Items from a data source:
▬▬▬
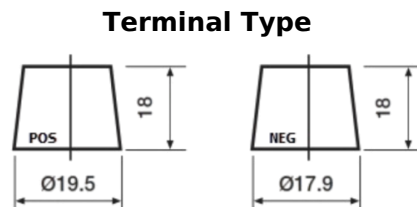

**Product overview**

Batteries for Cars

**Powerline SA456**

Part number	SA456
Technology	Flooded
EAN/GTIN	3661024064125
Voltage	12 V
Capacity	45.0 Ah
CCA	390 A
Length	237 mm
Width	127 mm
Height	227 mm
Box size	B24
Polarity	ETN 0
Terminal Type	JIS taper post
Hold Down	B1
Weights (subject of variation)	11.80 kg
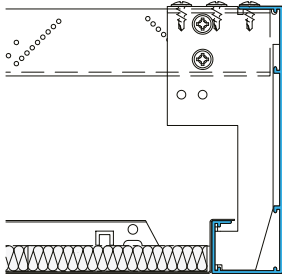

Trims | SAS330

TCA 0862

SAS330 Full Tile Closure Detail

Item No 299794

Length 9'10"

Accessories TCP90, TCP90s, TCP180, TCP180s, TCP360, Suspension Bracket
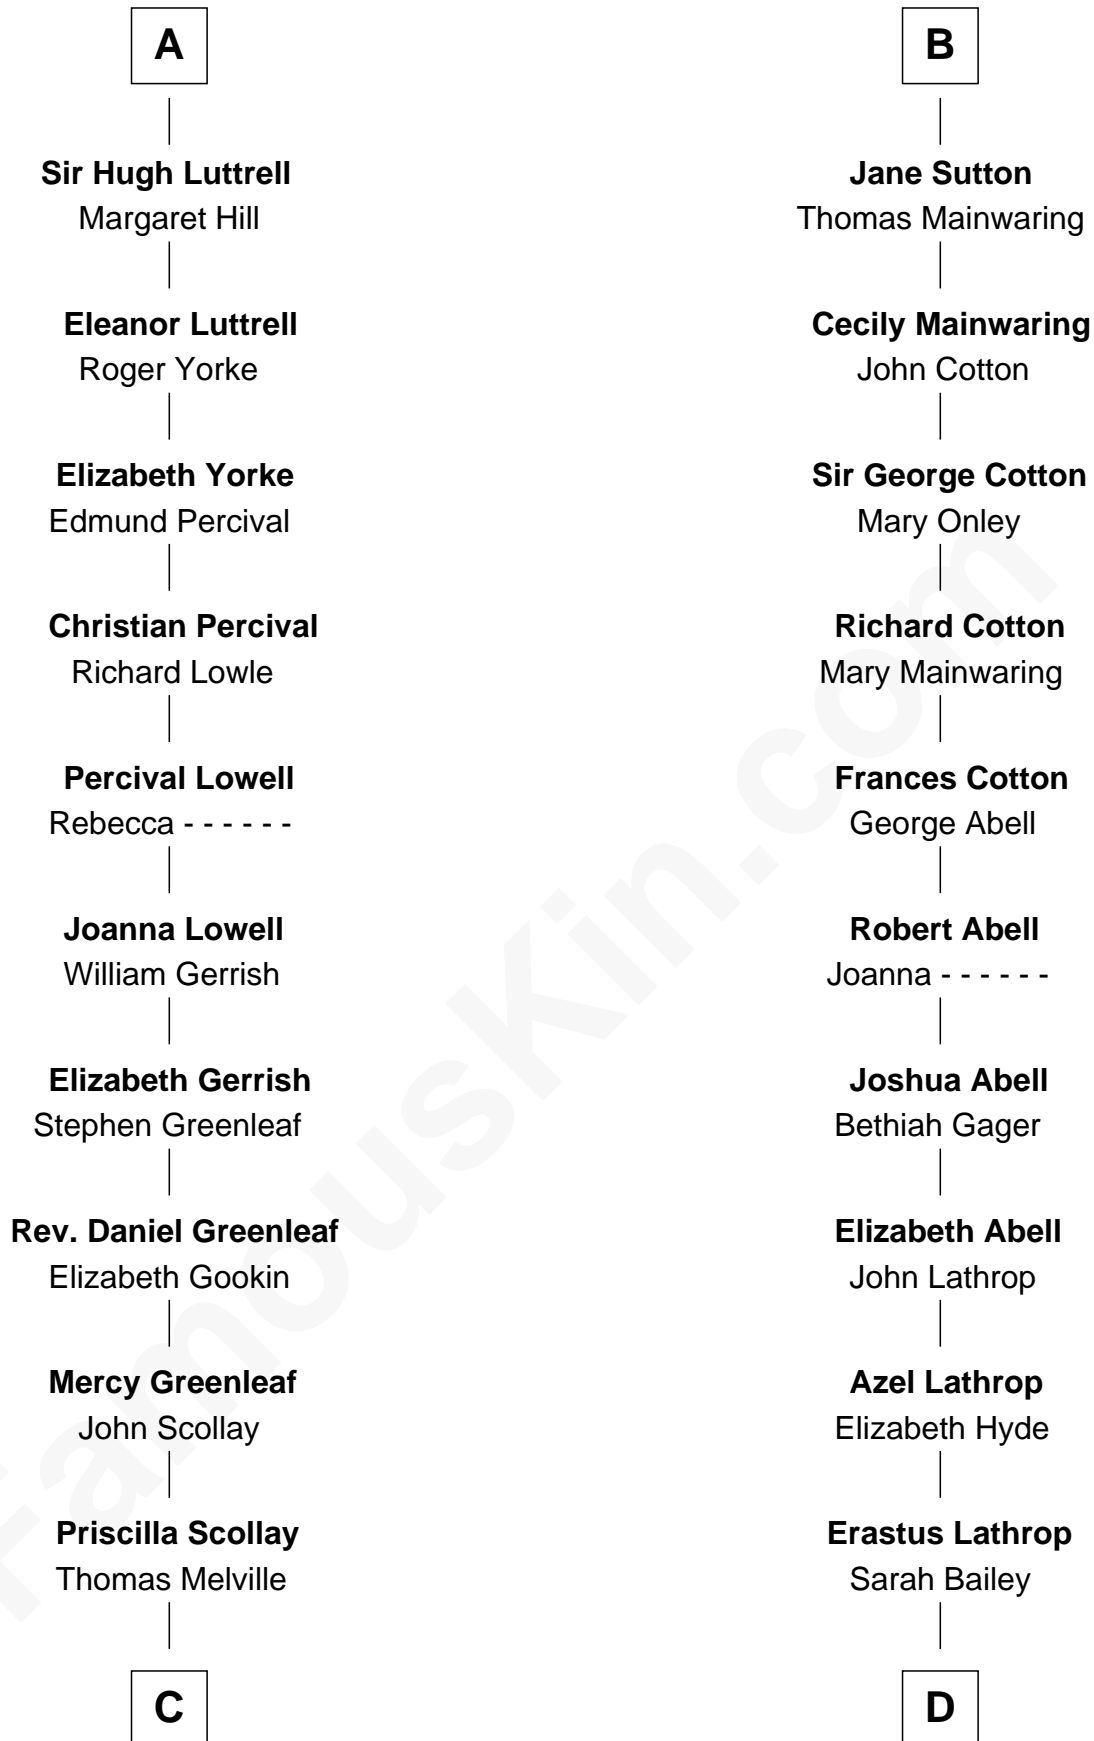

FamousKin.com Relationship Chart of

Herman Melville

Author of Moby Dick

18th cousin 1 time removed of

Marjorie Post

Founder of General Foods

Sir Hugh le Despencer

Aveline Basset

Sir John Sutton

Sir John Sutton

Constance Blount

Sir John Sutton

Elizabeth Berkeley

B

C

Allan Melville
Maria Gansevoort
▬▬▬
» TASK TO CARRY OUT: From the line that contains "Elizabeth Berkeley" through the end of the records above, print every line exactly and nothing else.

» ANSWER SECTION:
Elizabeth Berkeley

B

C

Allan Melville
Maria Gansevoort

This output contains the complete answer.